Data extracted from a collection

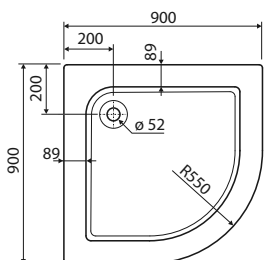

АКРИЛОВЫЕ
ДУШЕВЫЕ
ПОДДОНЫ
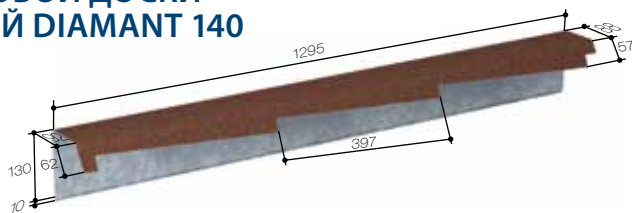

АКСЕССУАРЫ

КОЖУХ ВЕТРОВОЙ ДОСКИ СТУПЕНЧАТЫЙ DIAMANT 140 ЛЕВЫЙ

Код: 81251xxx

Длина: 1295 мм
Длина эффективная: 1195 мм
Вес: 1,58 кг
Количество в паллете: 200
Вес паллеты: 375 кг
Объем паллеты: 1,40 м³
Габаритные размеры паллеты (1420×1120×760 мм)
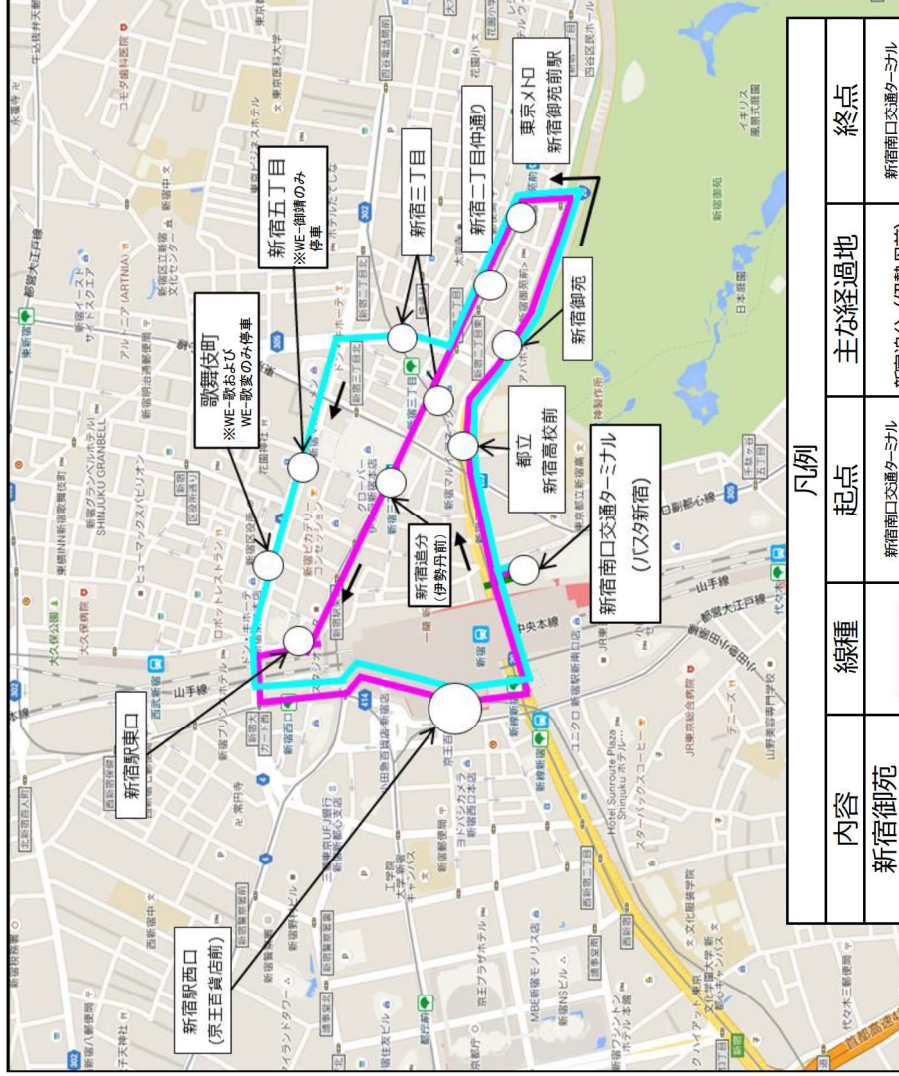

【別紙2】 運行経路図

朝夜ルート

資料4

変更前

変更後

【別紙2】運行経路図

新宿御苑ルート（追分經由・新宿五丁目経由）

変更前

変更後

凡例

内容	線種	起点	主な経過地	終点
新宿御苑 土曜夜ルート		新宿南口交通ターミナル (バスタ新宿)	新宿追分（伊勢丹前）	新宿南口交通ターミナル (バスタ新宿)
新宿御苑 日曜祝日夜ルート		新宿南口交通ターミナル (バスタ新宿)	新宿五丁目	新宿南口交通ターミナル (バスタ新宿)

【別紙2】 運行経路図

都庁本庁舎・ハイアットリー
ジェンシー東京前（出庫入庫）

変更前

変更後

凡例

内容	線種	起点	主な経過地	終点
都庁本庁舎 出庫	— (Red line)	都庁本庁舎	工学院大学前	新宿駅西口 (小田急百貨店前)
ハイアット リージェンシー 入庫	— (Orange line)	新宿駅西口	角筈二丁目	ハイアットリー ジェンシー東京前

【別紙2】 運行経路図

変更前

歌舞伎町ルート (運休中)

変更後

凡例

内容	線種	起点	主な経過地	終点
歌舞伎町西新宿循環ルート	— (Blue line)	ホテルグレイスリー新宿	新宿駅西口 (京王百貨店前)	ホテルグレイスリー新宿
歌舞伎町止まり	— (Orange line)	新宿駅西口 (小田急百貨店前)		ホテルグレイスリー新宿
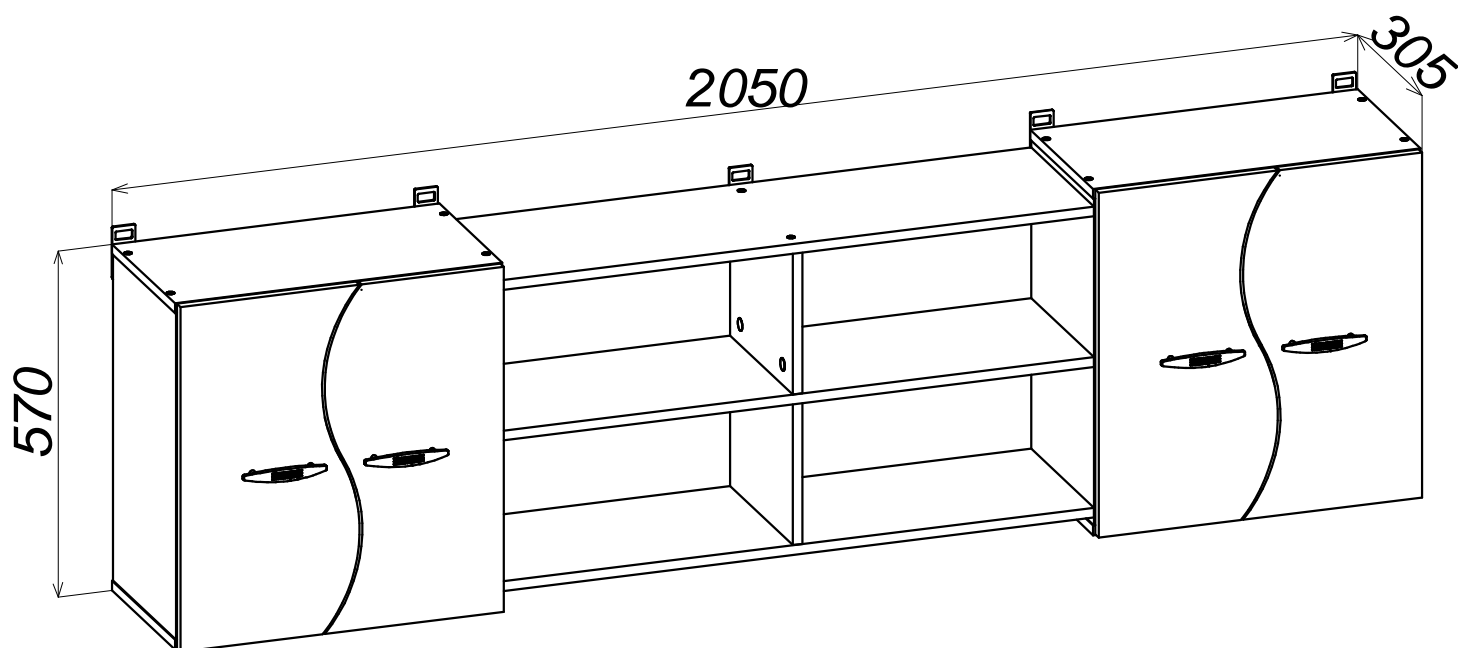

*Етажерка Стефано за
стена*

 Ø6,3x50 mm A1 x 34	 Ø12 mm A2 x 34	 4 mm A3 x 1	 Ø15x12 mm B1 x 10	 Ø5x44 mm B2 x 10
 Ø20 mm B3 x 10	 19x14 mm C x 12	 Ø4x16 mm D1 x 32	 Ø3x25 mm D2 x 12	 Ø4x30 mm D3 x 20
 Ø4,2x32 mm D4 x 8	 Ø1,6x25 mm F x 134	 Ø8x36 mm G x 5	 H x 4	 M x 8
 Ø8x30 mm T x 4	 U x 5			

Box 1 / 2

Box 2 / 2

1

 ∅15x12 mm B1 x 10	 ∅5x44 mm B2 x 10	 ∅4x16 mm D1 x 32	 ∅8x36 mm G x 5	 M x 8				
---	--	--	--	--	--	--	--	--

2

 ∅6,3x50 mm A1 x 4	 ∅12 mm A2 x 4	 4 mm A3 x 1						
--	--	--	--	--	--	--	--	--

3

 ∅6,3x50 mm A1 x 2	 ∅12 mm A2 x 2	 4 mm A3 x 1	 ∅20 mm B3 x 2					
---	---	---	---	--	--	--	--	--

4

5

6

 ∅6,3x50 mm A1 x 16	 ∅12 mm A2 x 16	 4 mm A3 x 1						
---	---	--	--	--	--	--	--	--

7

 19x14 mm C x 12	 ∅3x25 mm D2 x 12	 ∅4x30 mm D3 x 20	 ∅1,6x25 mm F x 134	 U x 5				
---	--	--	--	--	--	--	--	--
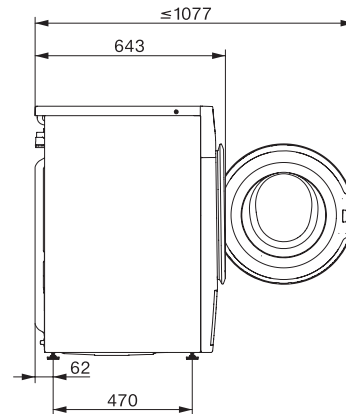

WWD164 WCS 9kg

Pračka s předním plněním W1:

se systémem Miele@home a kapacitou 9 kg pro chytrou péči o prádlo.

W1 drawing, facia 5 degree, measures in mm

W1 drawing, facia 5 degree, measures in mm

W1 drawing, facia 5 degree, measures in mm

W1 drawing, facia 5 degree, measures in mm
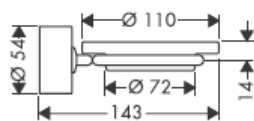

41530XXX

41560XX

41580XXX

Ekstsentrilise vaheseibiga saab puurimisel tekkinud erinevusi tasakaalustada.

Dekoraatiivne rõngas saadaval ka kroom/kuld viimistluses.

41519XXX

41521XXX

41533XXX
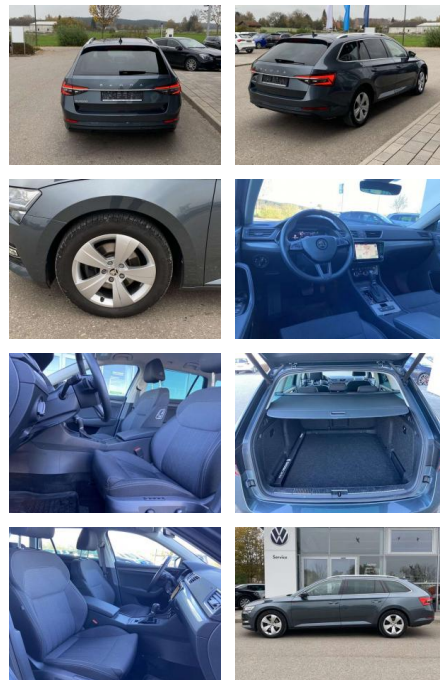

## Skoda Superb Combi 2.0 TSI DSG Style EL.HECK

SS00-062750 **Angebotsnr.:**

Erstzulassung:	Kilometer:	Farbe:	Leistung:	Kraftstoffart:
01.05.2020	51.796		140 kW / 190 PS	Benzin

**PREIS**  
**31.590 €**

# Brief:
Return every line of the data above in which "ハイアットリー" appears.

# Response box:
都庁本庁舎・ハイアットリー
ハイアット リージェンシー 入庫	— (Orange line)	新宿駅西口	角筈二丁目	ハイアットリー ジェンシー東京前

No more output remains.